ApacheCon US 2008 Keynotes to Focus on Central Issues of Open Source Standards, Microsoft, and Technology’s Role in Rebuilding Communities
Open Source notables from Microsoft and the Open Web Foundation highlight ApacheCon US 2008 conference in New Orleans
2008 keynote speakers include Sam Ramji, Senior Director of Platform Strategy Microsoft’s Open Source division…

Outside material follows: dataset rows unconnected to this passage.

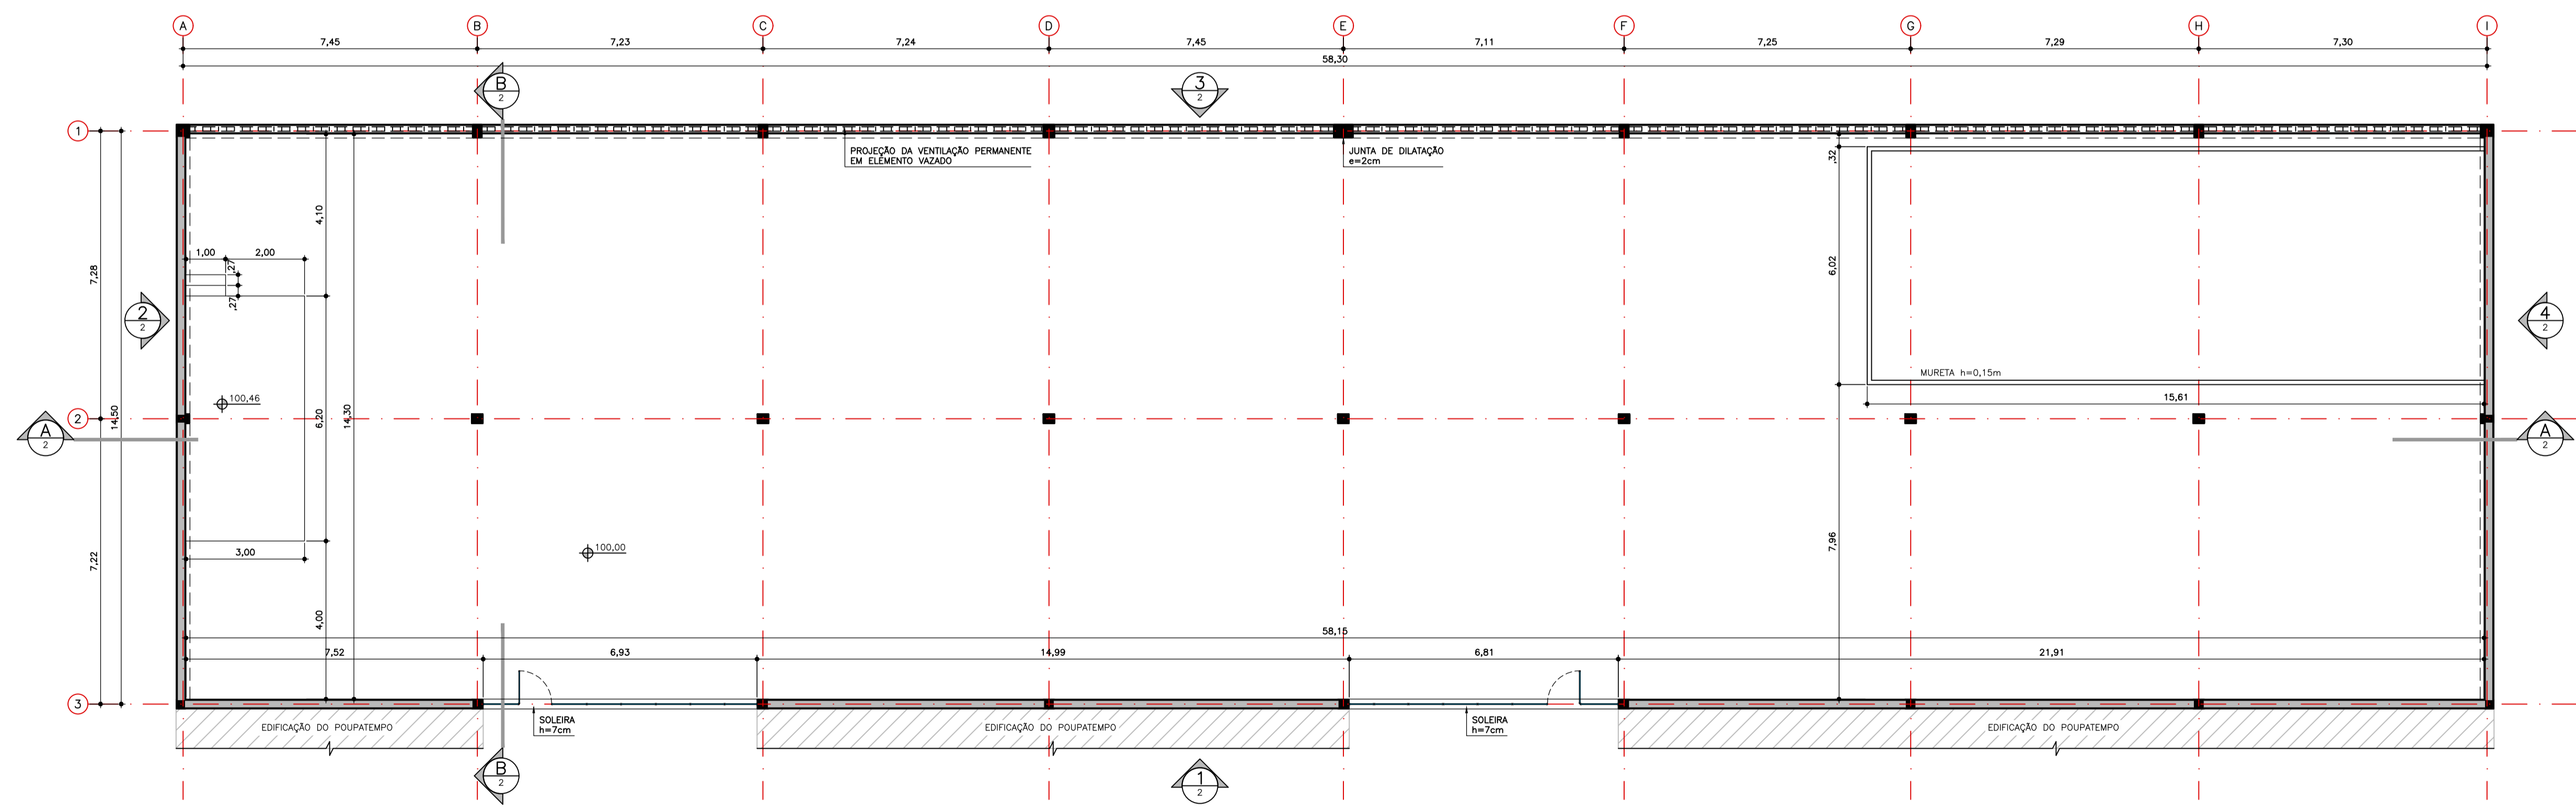

LEGENDAS

EDIFÍCIO DEFENSORIA PÚBLICA
 PLANTA DE COBERTURA ESCALA 1:100

EDIFÍCIO DEFENSORIA PÚBLICA
 PLANTA PAVIMENTO TÉRREO ESCALA 1:100

REVISÕES (DISCRIMINAÇÃO)	Nº	DATA	RUBRICA

CDHU Companhia de Desenvolvimento Habitacional e Urbano

Rua Boa Vista, 170 - São Paulo - Tel. 2505.2000 - CNPJ 47.865.597/0001-09

CONTRATO
 DEFENSORIA PÚBLICA DO ESTADO DE SÃO PAULO

PROJETO
 REFORMA DO GALPÃO QUE ABRIGARÁ A FUTURA REGIONAL ARAÇATUBA

ENDEREÇO / MUNICÍPIO
 RUA TENENTE ALCIDES THEODORO DOS SANTOS, S/Nº - AVIAÇÃO - ARAÇATUBA / SP

DISCIPLINA | ÁREA | FOLHA
 ARQUITETURA | ARQ | 01/02

ASSUNTO
 LEVANTAMENTO CADASTRAL

PLANTA PAVIMENTO TÉRREO
 PLANTA DE COBERTURA

ESCALA GRÁFICA | ESCALA NOMINAL | DATA
 0 1 2 3 (m) | 1:100 | MAR/2025

ESPAÇO PARA APROVAÇÃO

And that’s just a portion of it. The motives are not hard to see. Microsoft’s wants to have Apache (or its users) divorce from GNU/Linux, but it will disguise this using messages like “playing nice”, “we’ve changed”, and “it’s goodwill.” █
“It’s part of a continuing behavior pattern by Microsoft that I think it’s fair to call “dirty fighting.” GoDaddy was using Apache (I assume on Linux) because it was a great technical solution. They didn’t switch to IIS on Windows Server 2003 for any technical reason. The switch was accompanied by a press release by GoDaddy, containing Microsoft promotional language. Now, I’ve changed many servers from one thing to another, but I’ve never made a press release about it. GoDaddy wouldn’t be doing that unless Microsoft had offered them something valuable in return. There has been talk in the domain business that Microsoft has been offering the large domain registries a wad of cash to switch their parked sites. There is no other reason to do this than to influence the Netcraft figures.”